=== DATA FOR THE TASK ===
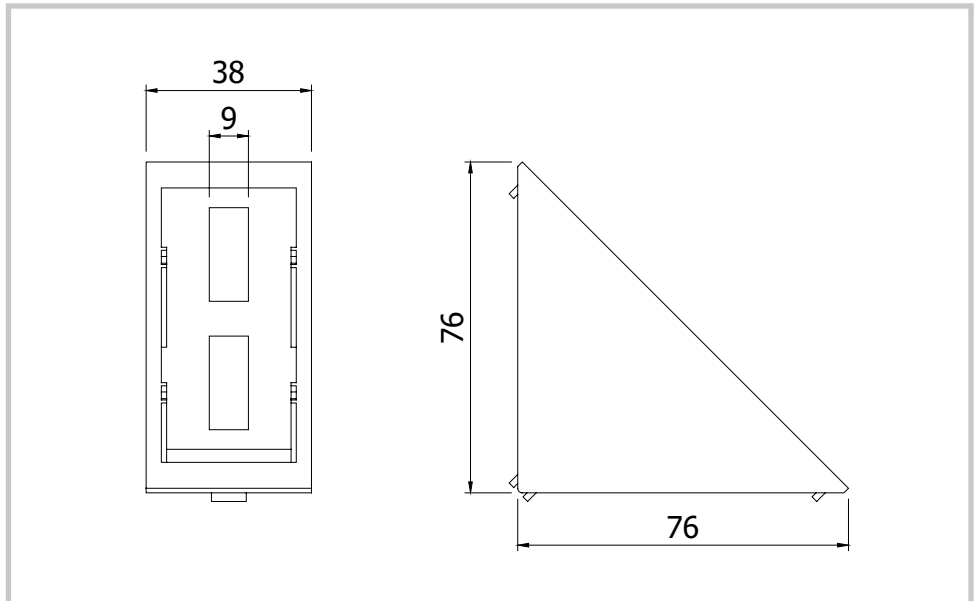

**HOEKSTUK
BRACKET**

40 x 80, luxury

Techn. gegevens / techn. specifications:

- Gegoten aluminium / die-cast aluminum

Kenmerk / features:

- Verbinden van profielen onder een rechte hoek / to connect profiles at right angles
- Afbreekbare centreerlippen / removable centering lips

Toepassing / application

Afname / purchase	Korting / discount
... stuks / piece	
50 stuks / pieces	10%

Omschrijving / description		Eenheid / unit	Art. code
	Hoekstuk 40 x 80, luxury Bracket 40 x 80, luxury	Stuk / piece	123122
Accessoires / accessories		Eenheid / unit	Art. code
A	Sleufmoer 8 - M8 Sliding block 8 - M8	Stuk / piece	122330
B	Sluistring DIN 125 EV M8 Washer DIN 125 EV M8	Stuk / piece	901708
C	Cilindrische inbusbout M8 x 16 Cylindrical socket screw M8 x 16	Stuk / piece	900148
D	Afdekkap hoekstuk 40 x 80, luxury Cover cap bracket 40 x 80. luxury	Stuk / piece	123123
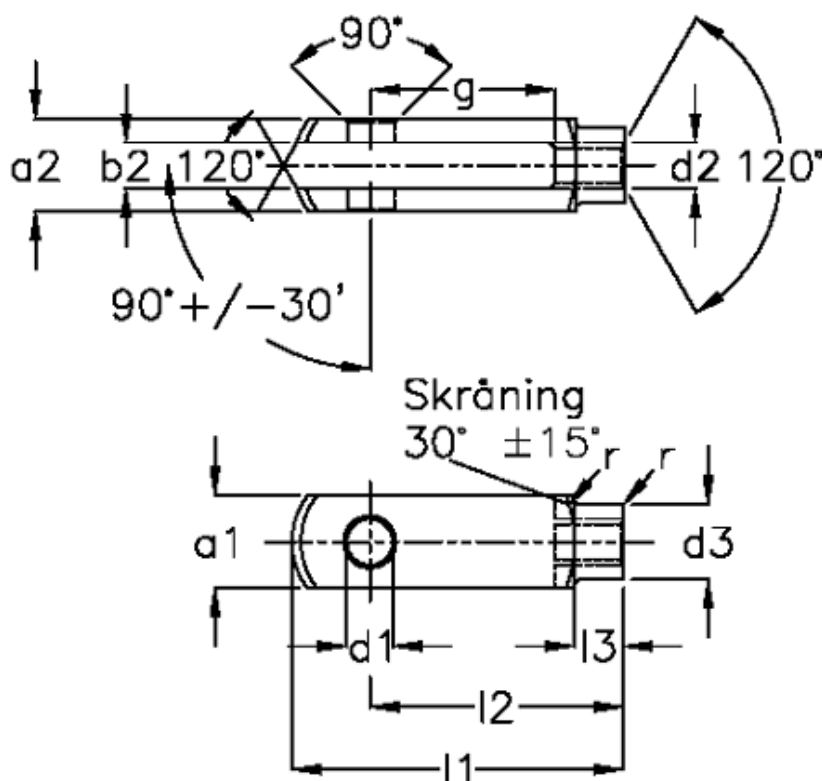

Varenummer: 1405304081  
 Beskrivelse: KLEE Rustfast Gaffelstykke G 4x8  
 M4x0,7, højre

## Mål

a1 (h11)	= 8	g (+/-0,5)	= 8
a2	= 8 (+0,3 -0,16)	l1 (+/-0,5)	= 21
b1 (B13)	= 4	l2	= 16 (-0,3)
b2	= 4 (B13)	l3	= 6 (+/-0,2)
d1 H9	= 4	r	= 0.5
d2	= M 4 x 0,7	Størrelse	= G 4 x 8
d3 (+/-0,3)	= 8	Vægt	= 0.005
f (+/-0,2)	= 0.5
===
=== DATA FOR THE TASK ===
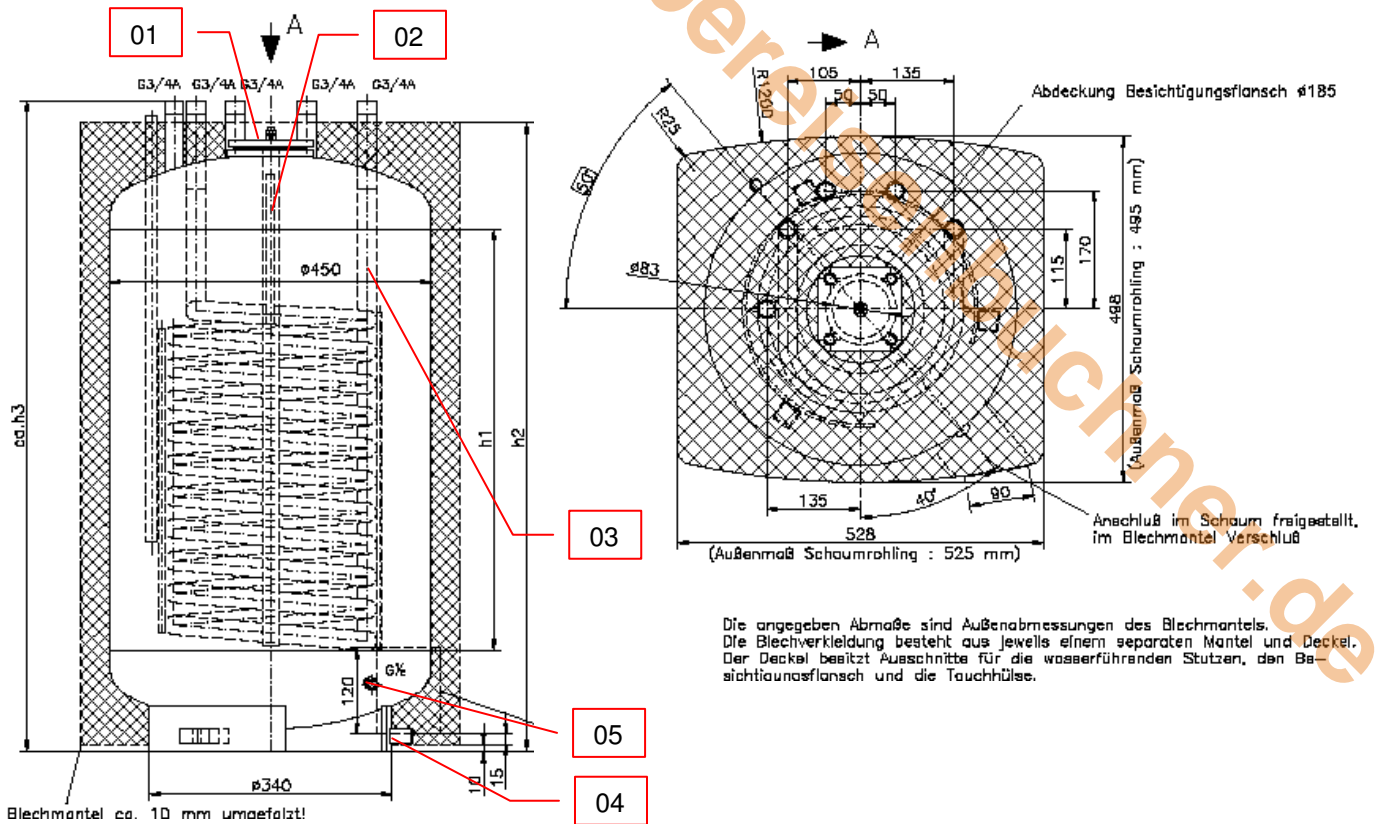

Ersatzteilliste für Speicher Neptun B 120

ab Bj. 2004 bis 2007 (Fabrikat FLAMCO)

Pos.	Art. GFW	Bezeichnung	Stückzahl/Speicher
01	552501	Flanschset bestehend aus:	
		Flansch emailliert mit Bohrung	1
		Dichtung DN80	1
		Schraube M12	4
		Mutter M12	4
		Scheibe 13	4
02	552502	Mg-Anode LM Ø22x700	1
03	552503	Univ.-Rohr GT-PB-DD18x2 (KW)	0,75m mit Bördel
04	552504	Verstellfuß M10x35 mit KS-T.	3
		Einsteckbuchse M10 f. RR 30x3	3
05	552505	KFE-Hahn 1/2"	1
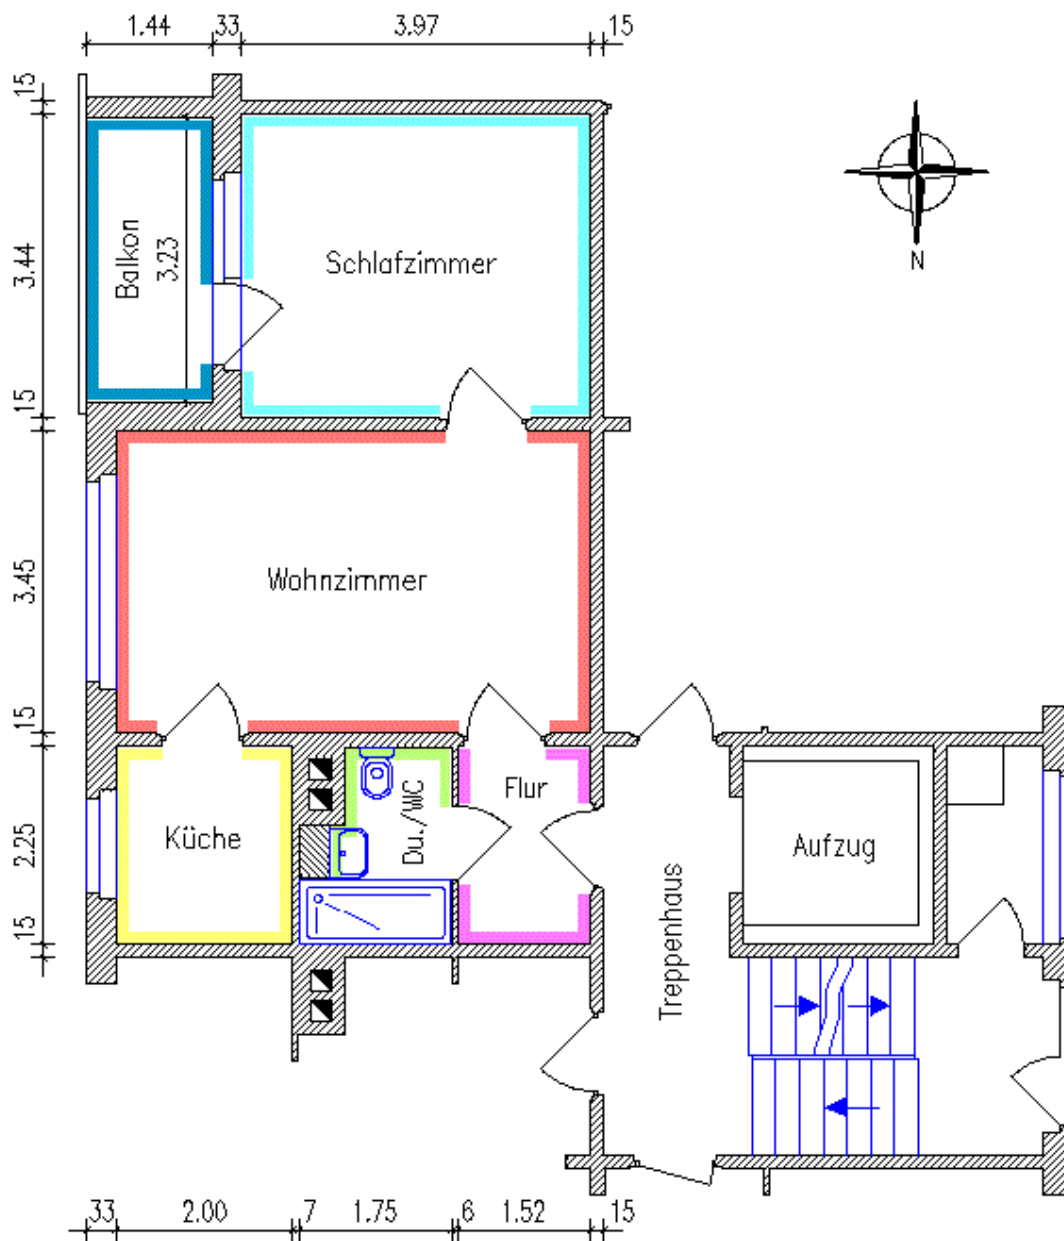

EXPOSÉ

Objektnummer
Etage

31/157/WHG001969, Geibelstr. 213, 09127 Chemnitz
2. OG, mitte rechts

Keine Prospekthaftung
===
=== DATA FOR THE TASK ===
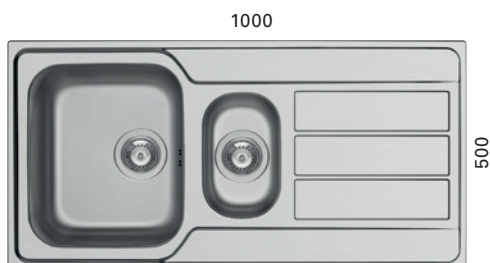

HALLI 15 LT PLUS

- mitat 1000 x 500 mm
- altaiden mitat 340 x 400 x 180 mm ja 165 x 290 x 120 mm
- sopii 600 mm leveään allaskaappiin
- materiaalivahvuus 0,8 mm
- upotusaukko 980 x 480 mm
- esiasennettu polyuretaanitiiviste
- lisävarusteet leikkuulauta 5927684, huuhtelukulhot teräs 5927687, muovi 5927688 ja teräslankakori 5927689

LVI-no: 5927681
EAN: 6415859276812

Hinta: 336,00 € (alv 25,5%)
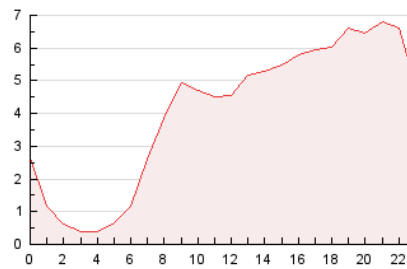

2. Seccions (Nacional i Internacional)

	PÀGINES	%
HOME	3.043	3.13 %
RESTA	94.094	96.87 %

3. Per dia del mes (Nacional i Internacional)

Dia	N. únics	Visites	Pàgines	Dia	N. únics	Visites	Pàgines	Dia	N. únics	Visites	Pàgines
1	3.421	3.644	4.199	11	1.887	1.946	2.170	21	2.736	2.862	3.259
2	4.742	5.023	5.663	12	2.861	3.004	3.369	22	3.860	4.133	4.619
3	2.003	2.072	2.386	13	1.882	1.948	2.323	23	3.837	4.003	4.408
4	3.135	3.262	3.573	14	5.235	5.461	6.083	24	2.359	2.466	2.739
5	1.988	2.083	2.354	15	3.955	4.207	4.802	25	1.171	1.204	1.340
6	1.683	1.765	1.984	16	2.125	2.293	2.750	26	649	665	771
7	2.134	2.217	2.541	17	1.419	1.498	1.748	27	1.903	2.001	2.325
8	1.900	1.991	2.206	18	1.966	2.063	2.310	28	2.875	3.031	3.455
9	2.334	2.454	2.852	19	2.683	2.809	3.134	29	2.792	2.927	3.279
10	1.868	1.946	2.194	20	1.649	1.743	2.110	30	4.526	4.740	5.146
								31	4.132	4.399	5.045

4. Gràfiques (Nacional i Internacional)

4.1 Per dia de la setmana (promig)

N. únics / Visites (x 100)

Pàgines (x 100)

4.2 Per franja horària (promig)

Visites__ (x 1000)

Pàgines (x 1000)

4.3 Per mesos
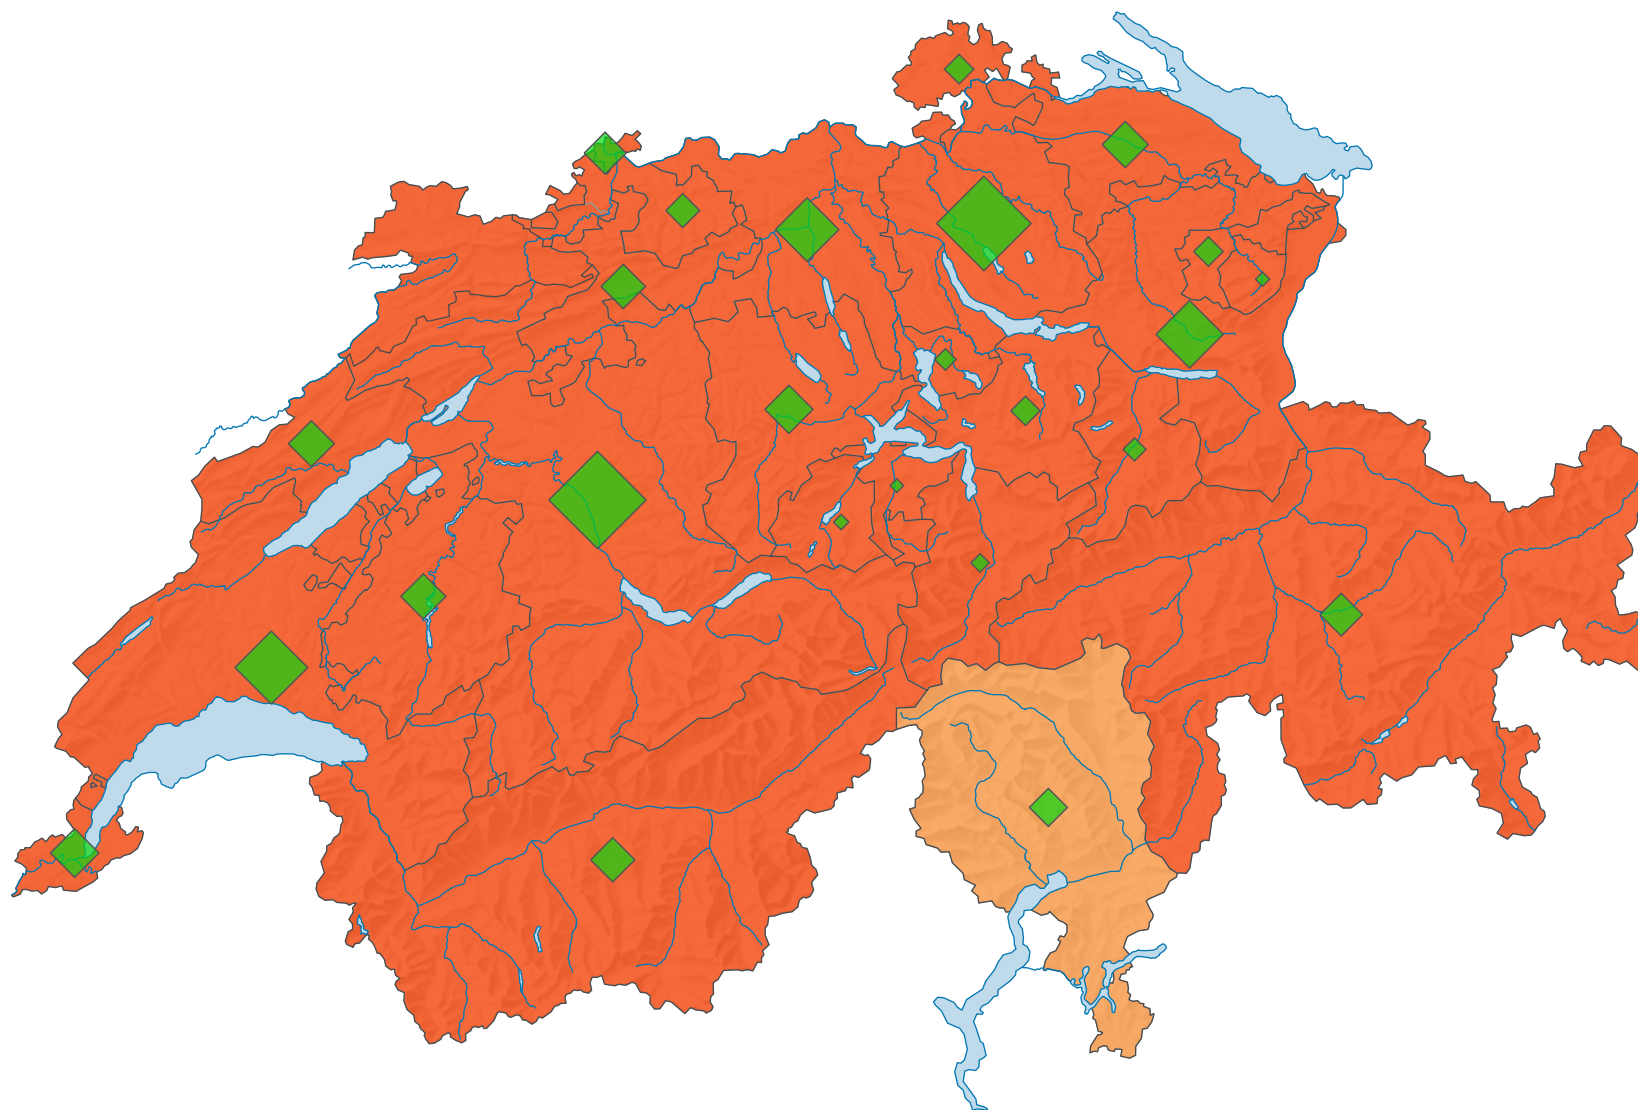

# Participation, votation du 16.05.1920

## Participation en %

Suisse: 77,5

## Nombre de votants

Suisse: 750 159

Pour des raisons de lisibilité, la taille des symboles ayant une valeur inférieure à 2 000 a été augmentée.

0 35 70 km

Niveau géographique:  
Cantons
===
§ **TRY IT**
Looking at the entries, work out how many lines hold the word "Participation". Give the number and nothing else.

§ **ANSWER AREA**
2